Optimal meta search results clustering

  • Authors:
  • Claudio Carpineto;Giovanni Romano

  • Affiliations:
  • Fondazione Ugo Bordoni, Rome, Italy;Fondazione Ugo Bordoni, Rome, Italy

  • Venue:
  • Proceedings of the 33rd international ACM SIGIR conference on Research and development in information retrieval
  • Year:
  • 2010

Quantified Score

Hi-index 0.00

Visualization

Abstract

By analogy with merging documents rankings, the outputs from multiple search results clustering algorithms can be combined into a single output.

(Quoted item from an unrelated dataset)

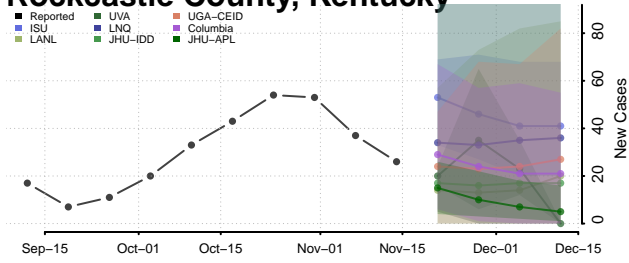

Rockcastle County, Kentucky

In this paper we study the feasibility of meta search results clustering, which has unique features compared to the general meta clustering problem. After showing that the combination of multiple search results clusterings is empirically justified, we cast meta clustering as an optimization problem of an objective function measuring the probabilistic concordance between the clustering combination and the single clusterings. We then show, using an easily computable upper bound on such a function, that a simple stochastic optimization algorithm delivers reasonable approximations of the optimal value very efficiently, and we also provide a method for labeling the generated clusters with the most agreed upon cluster labels. Optimal meta clustering with meta labeling is applied to three description-centric, state-of-the-art search results clustering algorithms. The performance improvement is demonstrated through a range of evaluation techniques (i.e., internal, classification-oriented, and information retrieval-oriented), using suitable test collections of search results with document-level relevance judgments per subtopic.